Work order
Output exactly the line containing "3 Seconds: Maya" and each line after it through the last line of the records, and nothing else.

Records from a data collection
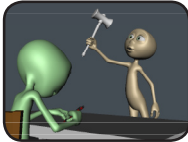

DAVID BROWN

CHARACTER ANIMATOR

CHARACTER ANIMATION DEMO REEL BREAKDOWN

Ultimatic Fantastic Chair 4000

15 Seconds: Maya

Contribution: All Character Animation, modeling and rigging the chair

Grabthar's Hammer

3 Seconds: Maya

Contribution: All Character Animation

Grabthar's Hammer

2 Seconds: Maya

Contribution: All Character Animation

Grabthar's Hammer

2 Seconds: Maya

Contribution: All Character Animation

Result for this exercise
3 Seconds: Maya

Contribution: All Character Animation

Grabthar's Hammer

2 Seconds: Maya

Contribution: All Character Animation

Grabthar's Hammer

2 Seconds: Maya

Contribution: All Character Animation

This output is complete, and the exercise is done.